By Jason King
The inaugural season of The Alliance of American Football is fast approaching in five months, and the league’s Memphis franchise is already attracting national headlines.
This is even before the players who’ll roam the field are in uniform. What’s getting much-deserved attention is a certain figure who’ll stand tall on the sideline. Hall-of-Fame linebacker Mike Singletary—the Chicago Bears legend and one of the top defensive players in NFL history—agreed in May to become the head coach of the Memphis Alliance when AAF games begin in February. The league boasts other big names such as Steve Spurrier (Orlando), Brad Childress (Atlanta) and Dennis Erickson (Salt Lake City). But Memphis’ signing of NFL icon Singletary put his team on the map like an emphatic, successful, high-stakes blitz.
Shortly after his hiring in May, Singletary promised Memphis fans that he’d deliver “a brand of football you’re going to enjoy.” “We’re going to play fast,” he said. “And we’re going to play tough.”
Singletary exuded both of those qualities during his 11-year career with the Bears, 10 of which ended with Pro Bowl invites. His most notable season came in 1985, when Singletary flourished in Chicago’s “46 Defense,” which allowed him to go unblocked on almost every snap.
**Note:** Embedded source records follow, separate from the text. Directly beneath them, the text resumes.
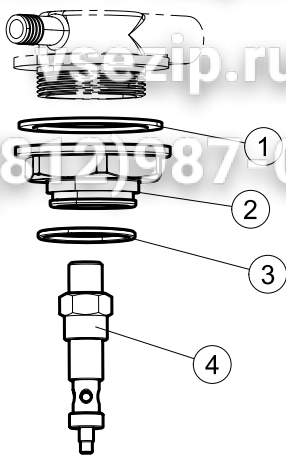

# 5

Зип-Общепит

vsezip.ru

+7(812)987-08-81

Seite	Position	Code	Alter Code	Beschreibung	ME
1	4	449036	REB449036	FEDER, SCHLOSS 11	NR
1	5	329012	REB329012	KEIL, TÜRSCHLOSS grossdimens. 11	NR
1	7	307016		BUEGELLAGER F. TUERSTANGE	NR
1	12	461010	REB461010	STÜTZFUSS, SECHSK. Soz1-	NR
1	15	459006	REB459006	KABELDURCHGANG, Di9/De16 22	NR
1	16	325034	REB325034	ZAPFEN, TÜRSCHARNIER - 40	NR
2	1	208010	REB208010	ABLENKER, DOPPELT - 35/40/50	NR
2	2	226071	REB226071	DRUCKT. MIT DOPPELKONTAKT 35/40/50	NR
2	3	216025	REB216025	KONTROLL-LAMPE, REIHE 24.5.0.00.04.78	NR
2	4	226121		ELLIPTISCHE, DRUCKTASTENGEHAEUSE (111362)	NR
2	5	227067		TASTE, ELLIPT. BLAU	NR
2	6	211002	REB211002	KONTAKT, MAGNET.+ KABEL 302N.Ocm25	NR
2	7	230098	REB230098	WIDERSTAND, TANK 600W/230V	NR
2	9	236047	REB236047	THERM.,KONT. TANK/S.95ø+/-3ø	NR
2	10	456075		TORISCHE DICHTUNG 37,47X5,33 NBR	NR
2	11	236055		THERMOSTAT, BOILER TF-65ø	NR
2	12	230113		HEIZUNG 2600W/230V FL.PICCOLA P/BULBO	NR
2	13	459005	REB459005	KABELKLIPPS, STEAB Art.5024	NR
2	14	236048	REB236048	THERM.,KONT. BOILER/L.80ø+/-3ø(2611354)	NR
2	15	236035	REB236035	THERM.,KONT. TANK/L.60ø+/-3ø(2611573)	NR
2	16	220010	REB220010	KLEMMENB. FV 110 50f	NR
2	17	224026		ARBEITSDRUCKWAECHTER 120/95	NR
2	18	143235		ROHR 4x7 SILICON, DURCHSICHT. CRP	MT
2	19	107013		LUFT-GLOCKE DES DRUCKSCHALTERS	NR
2	20	456073		O-RING	NR
2	21	437086	REB437086	DICHTUNG, TANKWIDERSTAND	NR
2	22	468151	DZR150NT	VERBINDUNGSST., SEIFENEINTRITT CPL NM * GESCHW.	NR
2	23	209029		DOSAT.PERIST.DETERGENTE P/REGOLABILE	NR
2	24	143258		FLASCHEN 6X10	NR
2	25	143194	REB143194	ROHR 4x6 CRISTAL, DURCHS.	MT
2	26	121143		SIEB FUER SPUELMITTELPUMPE	NR
2	27	228010		SICHERUNG	NR
2	28	210010		SICHERUNGSHALTER	NR
2	29	215033		KARTE	NR
2	31	229040		RELAIS 62.83.8.230.0300	NR
2	32	299040	REB299040	STECKER, SCHUKO 90^ VERKAB. l=2.5mt	NR
2	33	210011		PLAETTCHEN	NR
3	1	142059		UEBERLAUFROHR LA40	NR
3	2	456080		OR	NR
3	3	121136		FILTER	NR
3	6	136029		ABSAUG/ABFLUSSKOERPER	NR
3	7	144010	REB144010	RÜCKSCHLAGVORR.(EB) MIT ENTLÜFTUNG	NR
3	8	143004	REB143004	ROHR, DRUCKSCHALTER TP 10X17 (CASER/15NL C4N)	MT
3	10	240011	REB240011	ZUFLUSSVENTIL 1-WEG	NR
3	11	143170	REB143170	ROHR, EINLASS 60.10.02.15 DVGW	NR
3	12	104056		WARMWASSERBEREITER	NR
3	13	143228		ROHR, BOILERWASSEREINLASS 8X9XL250	NR
3	16	143173	REB143173	VERBIND., NACHSPÜLEN KUNST.35/40/50	NR
3	18	115146		VEREINTE WASHLEITUNG LA40	NR
3	22	143120	REB143120	ABLASSROHR, Mt1.5 / D25	NR
3	23	209025		DOSIERPUMPE KLARSPUELER	NR

Singletary recorded 161 total tackles and won NFL Defensive MVP honors as the Bears cruised to a 43-10 victory over New England in the Super Bowl. Singletary’s pregame speeches during the Bears’ playoff run that season became the stuff of legend, as teammates once became so inspired that they picked up tables and chairs and hurled them across the room before storming the field.
More than three decades later, AAF officials are hoping Singletary’s motivational skills will have a rousing impact on Memphis and players and fans, too. “It’s going to be a team effort,” Singletary said during a May interview with “The Jason & John Show” on 92.9 FM in Memphis. “It’s about making sure we have an offense that’s moving fast and getting the ball out of the quarterback’s hands. And at the same time, when we’re running the ball, we’ve got to make sure we’re getting the ball down the field and complementing the pass, creating a balance.”
Singletary, 59, was just weeks removed from accepting the head coaching position at Trinity Christian Academy—a private high school in the Dallas suburb of Addison—when AAF officials contacted him about the Memphis job in March. He said the involvement of longtime Indianapolis Colts president and general manager Bill Polian immediately caught his attention and made him believe the league will not only succeed, but thrive. Polian is the AAF’s co-founder.
“For Bill Polian to be involved … I had to take a step back and listen to what he was saying,” Singletary told the radio station. “He’s been around a while. He’s been a part of great organizations. He knows what’s taking bout about. For him to be involved, I knew there must be something very positive about it.”
Singletary is coaching high school ball this fall and will join The Alliance in the spring. He said he especially looks forward to coaching a Memphis’ roster comprised largely of former local college and professional players who are recognizable throughout the region.
Singletary said he’s long seen the need for a professional football team that competes in the spring.
“To have a league that complements the NFL with high-quality players and coaches, I think it’s outstanding,” Singletary told the radio station. “When you look at the game at the high school and collegiate and professional level … the real quality of the game has to get better.”
“The fundamentals of football, whether it’s the receiver catching the ball and tucking it away, whether it’s the running back holding the ball high and tight, whether it’s the way we tackle, face up and being able to drive our legs… all of the little things of the game. Sometimes the game is moving so fast, we’re taking the quality out of the game, so I believe a spring league is an outstanding idea.”
The opportunity with The Alliance is hardly Singletary’s first foray into coaching at the professional level. Singletary was in his fourth season as linebackers coach with the San Francisco 49ers when his boss, Mike Nolan, was fired after a 2-5 start. Singletary was named interim head coach and the 49ers went 5-4 the rest of the way. The strong finish earned Singletary the job on a permanent basis, as he was given a four-year $10 million contract. The 49ers went just 8-8 under Singletary the following year, and they were 5-10 when Singletary was let go with one game remaining in the 2010 campaign.
Singletary said he’s hoping the lessons he learned as an NFL head coach pay dividends with The Alliance. “It was an absolute honor to be a head coach for the 49ers,” he told the radio station, “but there were some really hard lessons to learn. As a head coach, I need to make sure I create the vision that allows guys to follow. Coaches first, then players.”
More than anything, Singletary said he’ll be unquestionably better prepared. And determined.
“I don’t want to be a good coach,” he said. “I want to be a great coach.”